WORK ITEM
Output exactly the lines below, starting with the line that has "WMratio stdev: 0.0080157" and going on through the line that has "Quality (1-5): 2", both included, and no other lines.

RECORDS SHOWN

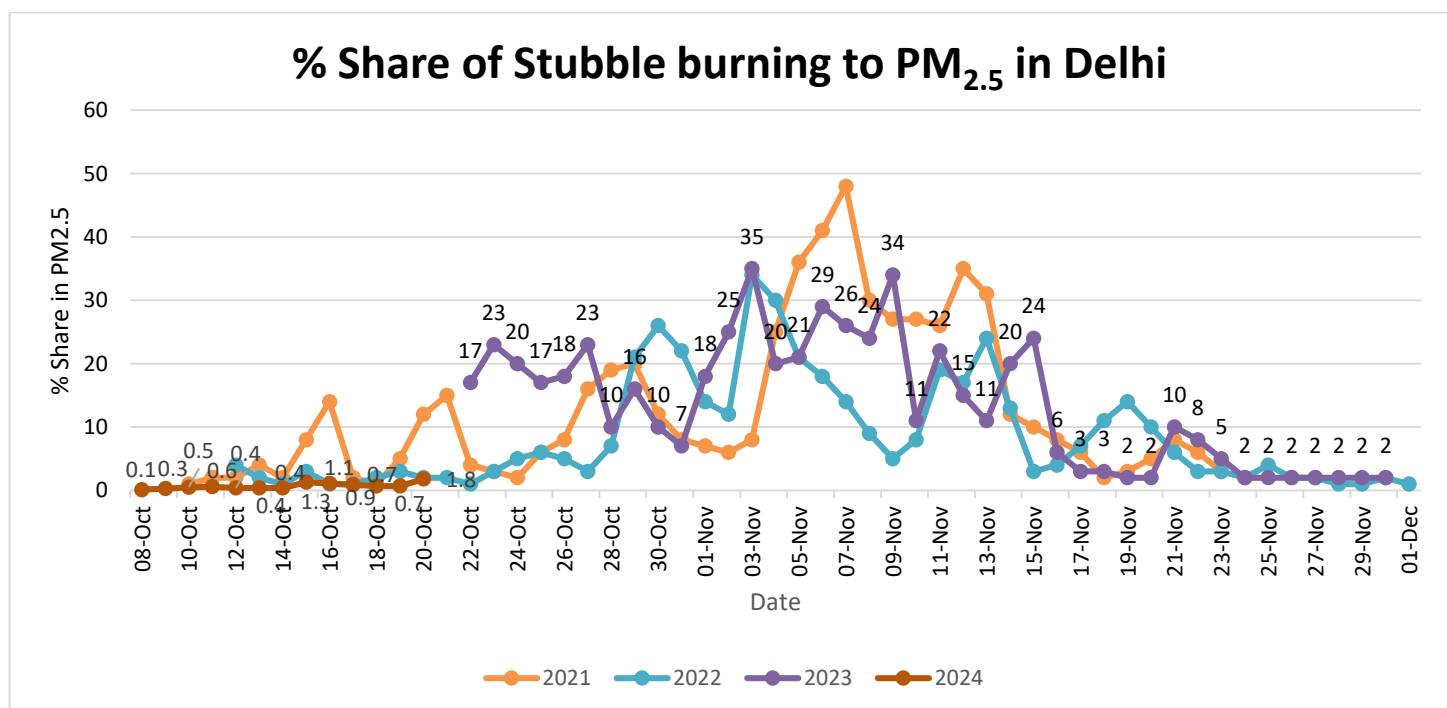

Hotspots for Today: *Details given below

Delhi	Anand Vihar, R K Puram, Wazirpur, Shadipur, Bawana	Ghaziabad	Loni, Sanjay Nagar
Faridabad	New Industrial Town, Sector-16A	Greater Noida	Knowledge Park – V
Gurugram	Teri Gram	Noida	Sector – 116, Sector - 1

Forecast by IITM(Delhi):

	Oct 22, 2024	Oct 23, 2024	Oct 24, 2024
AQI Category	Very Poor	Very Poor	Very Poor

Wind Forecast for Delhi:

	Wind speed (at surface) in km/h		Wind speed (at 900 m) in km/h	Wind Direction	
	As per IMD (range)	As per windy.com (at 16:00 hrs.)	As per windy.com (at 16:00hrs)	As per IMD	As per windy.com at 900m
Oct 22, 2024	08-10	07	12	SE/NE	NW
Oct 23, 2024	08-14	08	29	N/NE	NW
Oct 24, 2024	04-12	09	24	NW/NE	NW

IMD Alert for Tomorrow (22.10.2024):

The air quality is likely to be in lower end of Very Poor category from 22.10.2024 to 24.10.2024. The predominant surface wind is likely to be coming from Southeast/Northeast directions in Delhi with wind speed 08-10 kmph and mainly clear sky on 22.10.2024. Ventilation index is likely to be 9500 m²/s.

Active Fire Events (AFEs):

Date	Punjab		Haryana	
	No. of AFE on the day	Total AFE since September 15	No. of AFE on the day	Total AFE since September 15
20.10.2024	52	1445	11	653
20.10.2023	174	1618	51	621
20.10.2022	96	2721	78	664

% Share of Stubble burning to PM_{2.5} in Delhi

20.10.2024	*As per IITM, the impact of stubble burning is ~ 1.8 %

* * *

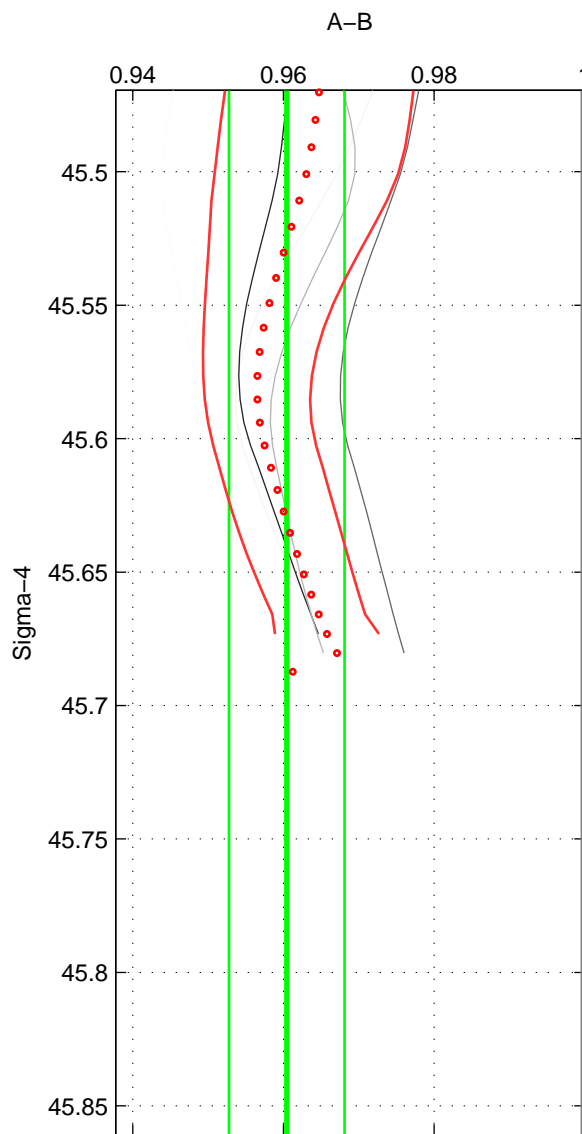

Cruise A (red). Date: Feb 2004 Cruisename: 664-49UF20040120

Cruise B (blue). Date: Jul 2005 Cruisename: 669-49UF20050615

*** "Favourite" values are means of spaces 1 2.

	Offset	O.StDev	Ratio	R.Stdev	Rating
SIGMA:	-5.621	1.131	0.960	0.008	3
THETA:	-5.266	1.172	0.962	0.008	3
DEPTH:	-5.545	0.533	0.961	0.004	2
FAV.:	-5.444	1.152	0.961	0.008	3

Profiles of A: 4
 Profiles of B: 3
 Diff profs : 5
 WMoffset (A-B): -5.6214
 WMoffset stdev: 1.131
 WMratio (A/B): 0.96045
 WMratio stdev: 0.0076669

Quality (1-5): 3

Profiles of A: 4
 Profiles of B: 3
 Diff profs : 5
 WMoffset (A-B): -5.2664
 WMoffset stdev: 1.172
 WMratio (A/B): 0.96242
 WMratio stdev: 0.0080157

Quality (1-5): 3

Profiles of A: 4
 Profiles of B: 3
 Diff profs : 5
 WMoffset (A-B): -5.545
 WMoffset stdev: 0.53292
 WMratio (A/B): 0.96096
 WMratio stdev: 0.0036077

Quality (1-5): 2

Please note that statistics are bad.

RESULT
 WMratio stdev: 0.0080157

Quality (1-5): 3

Profiles of A: 4
 Profiles of B: 3
 Diff profs : 5
 WMoffset (A-B): -5.545
 WMoffset stdev: 0.53292
 WMratio (A/B): 0.96096
 WMratio stdev: 0.0036077

Quality (1-5): 2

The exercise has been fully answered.